Netflix / metaflow

Open Source Platform for developing, scaling and deploying serious ML, AI, and data science systems
https://metaflow.org
Apache License 2.0
8.24k stars 774 forks source link

Task failed silently when running --with kubernetes #1249

Open shrinandj opened 1 year ago

shrinandj commented 1 year ago

On one of our clusters, a flow with 59 parallel steps was run --with kubernetes. 58 out of those ran just fine. But one of the steps failed without any error message.

The logs don't seem to have specific information.

2023-01-26 18:55:59.342 [345/analyzecreatures/9146 (pid 72172)] [pod t-n9s26-cnmc4] Downloading code package...
2023-01-26 18:56:00.676 [345/analyzecreatures/9146 (pid 72172)] [pod t-n9s26-cnmc4] Code package downloaded.
2023-01-26 18:56:01.014 [345/analyzecreatures/9146 (pid 72172)] [pod t-n9s26-cnmc4] Task is starting.
2023-01-26 18:56:20.526 [345/analyzecreatures/9146 (pid 72172)] [pod t-n9s26-cnmc4] Task finished with exit code None.
shrinandj commented 1 year ago

Looks like the pod failed because kubelet errored out with "No sandbox for pod"
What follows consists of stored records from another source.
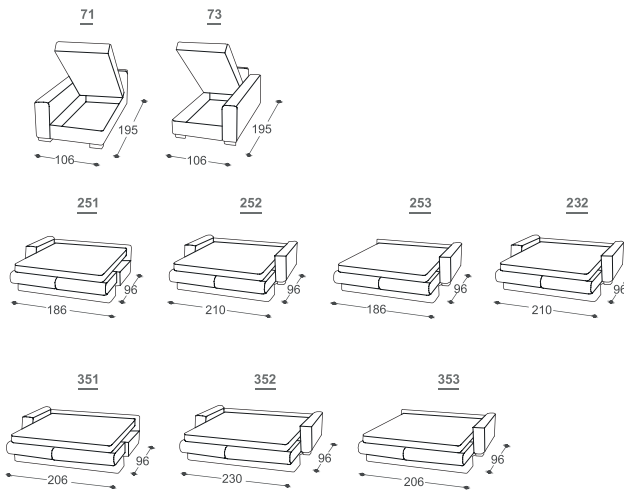

Viva

M - 500

Höhe | 76/94
Sitzhöhe | 46
Sitztiefe | 60

*Lattoflex Bett

Liegefläche

251, 252, 253
> 140 x 198 x 12 cm
232
> 140 x 198 x 18 cm
351, 352, 353
> 160 x 198 x 12 cm

Beschreibung des verwendeten Materials:

- Holzgestell** Tragende Teile aus getrockneter Buche, Spanplatte 16 mm, tapezierte Pappe, Furnier 18 mm, roher Lesonit 3 mm.
- Sitzfläche** Kombination aus hartem Schwamm und hochelastischem HR Schaum, 300 g thermodynamisch bearbeitete Watte, Filz 500 g, Wellenfeder
- Lehne** Anatomisch geformter, hochelastischer Schwamm, Gurte aus Gummi, verstellbare Kopflehne
- Fussgestell** Hölzernes Fussgestell aus Buchenholz, gebeizt und lackiert. 6 Farben stehen zur Auswahl.
- Funktion** Die Zwei- und Dreisitzer können auf Bestellung zu einem Bett auseinandergeklappt werden.
- Material** Ebenso, wie Sie sich Ihre Garnitur aussuchen können, wählen Sie auch das Material. Es steht Ihnen eine reiche Auswahl an Importstoffen und Rindleder zur Verfügung.
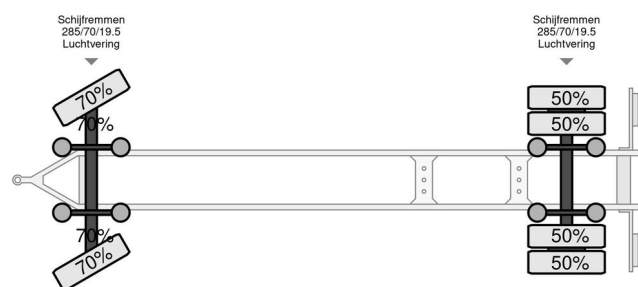

ACESSÓRIOS

DESCRIÇÃO

Monta-cargas: Berdex, monta-cargas, 1750 kg
Fabricante: Berdex NL
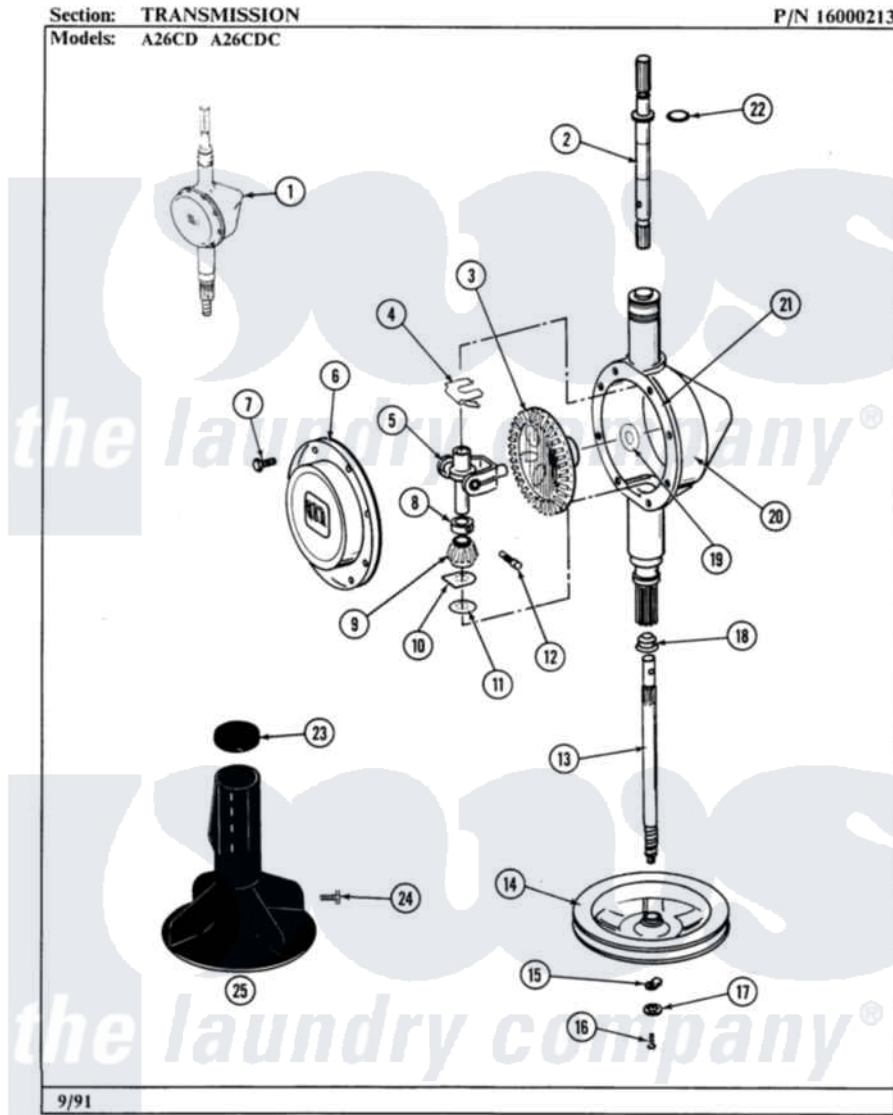

Maytag A26CDC 07 - TRANSMISSION

14

Maytag [Residential Maytag A26CDC Washer Parts](#) Parts Diagram 07 - TRANSMISSION
Click on the part number to view part

Item	Original Part Number	Replaced By	Status	Part Description
001	206707	6-2097750		Trans Dee
002	207153	6-2097820		Kit- Shaft
003	206713	6-2067130		Gear- Beve
004	215581			Spring, Agitator Shaft
005	206685	6-2066850		Yoke
006	206628			Cover, Transmission
007	215417		Not Available	SCREW, TRANSMISSION COVER
008	215415		Not Available	COLLAR, LOWER
009	215401	W10221114		Pinion
010	215395			Plate, Clutch
011	211483	6-2114830		Washer- SP
012	Y206629			Pin, Collar
013	215410	12001450		Ctr Shaft W/Collar Andkeeper- Dp
014	211059	6-2301530		Pulley
015	211089			Lug, Stop Pulley

016	211375	681582	Screw
017	211090	22003555	Washer, Stop Lug
018	206602	207843	Lip Seal Repair Kit
019	215394		Washer, Bevel Gear
020	206624	6-2097750	Trans Dee
021	Y058700	675652	Adhesive
022	210690		Seal, Rubber
023	215532		Cap, Agitator
024	206478	Not Available	SCREW & WASHER FOR AGITATOR
025	207119	207228	Agitator W/Lock Screw
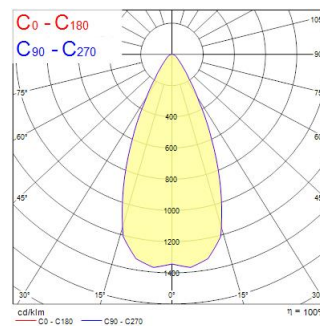

SylSafe Bay MB C EM3 NM MS

Artikelnummer 0041735

SYLVANIA

SylSafe Bay MB C EM3 NM MS is a dust and waterproof surface mounted emergency luminaire for industrial applications. Midbay optics for medium ceiling heights. Non-maintained 3hr emergency duration with NiMH rechargeable battery. Recharge period 24 hours. 200lm, 3W, IK03, IP65. Power Factor 0.44. Class II electrical construction.

Technische gegevens

Afmetingen (mm)

Fotometrie

SylSafe Bay MB C EM3 NM MS

Artikelnummer 0041735

SYLVANIA

Algemene gegevens

Productnaam	SylSafe Bay MB C EM3 NM MS
Technologie	LED
Montage	Plafondopbouw
Algemene toepassing	Kantoor, Horeca, Retail, Musea & Galeries, Onderwijs, Logistiek & Industrie
ETIM klasse	EC001957
Garantie	5 jaar

Optische gegevens

Lumenstroom armatuur (lm)	200
Efficiëntie armatuur lm/W	67
Kleurtemperatuur (K)	5700
CRI (Ra)	75
Fotobiologische risicogroep	RG1
Luminous flux (emergency) (lm)	200

Elektrische gegevens

Fysieke gegevens

Kleur behuizing	Wit
IP waarde	IP65
IK waarde	IK03
Lengte (mm)	197
Breedte (mm)	197
Hoogte (mm)	53
Gewicht (kg)	0.588

Verpakkingen

EAN code	5410288417356
Enkele lengte verpakking (cm)	23.0
Enkele breedte verpakking (cm)	15.0
Hoogte eenheidsverpakking (cm)	7.0
DUN14 (inner)	05410288417356
Eenheden per omdoos	5
Lengte omdoos (cm)	42.2
Breedte omdoos (cm)	25.2
Diepte omdoos (cm)	13.2
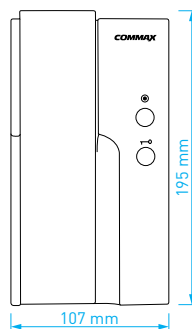

- interkomová komunikace
- obousměrná audio komunikace s dveřní stanicí
- ovládání dveřního zámku
- napájení: z videotelefonu
- rozměry: 107 × 195 × 38 mm

2023-01-27T02:55:57.328Z    {"hostname":"ip-10-10-17-70.us-west-2.compute.internal","systemd_unit":"kubelet.service","message":"I0127 02:55:57.328640 4720 operation_generator.go:714] MountVolume.SetUp succeeded for volume \"kube-api-access-z2zxj\" (UniqueName: \"kubernetes.io/projected/03ec9a24-bfa3-4474-a02a-54abe2a74805-kube-api-access-z2zxj\") pod \"t-n9s26-cnmc4\" (UID: \"03ec9a24-bfa3-4474-a02a-54abe2a74805\")"}

2023-01-27T02:55:57.422Z    {"hostname":"ip-10-10-17-70.us-west-2.compute.internal","systemd_unit":"kubelet.service","message":"I0127 02:55:57.422174 4720 kuberuntime_manager.go:484] \"No sandbox for pod can be found. Need to start a new one\" pod=\"jobs-default/t-n9s26-cnmc4\""}

2023-01-27T02:55:58.101Z    {"hostname":"ip-10-10-17-70.us-west-2.compute.internal","systemd_unit":"kubelet.service","message":"I0127 02:55:58.101069 4720 generic.go:296] \"Generic (PLEG): container finished\" podID=32d059fe-7244-4fb4-9b1b-2cf3733f79ce containerID=\"a27b4dc602d3e5a25a0a7caf5d91ef23fbcb5df73400ece3262ecf374fe1f889\" exitCode=0"}

2023-01-27T02:55:58.101Z    {"hostname":"ip-10-10-17-70.us-west-2.compute.internal","systemd_unit":"kubelet.service","message":"I0127 02:55:58.101141 4720 kubelet.go:2145] \"SyncLoop (PLEG): event for pod\" pod=\"jobs-default/t-nqz8b-xw2zp\" event=&{ID:32d059fe-7244-4fb4-9b1b-2cf3733f79ce Type:ContainerDied Data:a27b4dc602d3e5a25a0a7caf5d91ef23fbcb5df73400ece3262ecf374fe1f889}"}

It's unclear if there are ways for higher level apis can identify this condition and automatically retry. Maybe, metaflow could retry if a pod if it failed with exit code None??

In this case it is guaranteed that the pod never started. So restarting it should be safe.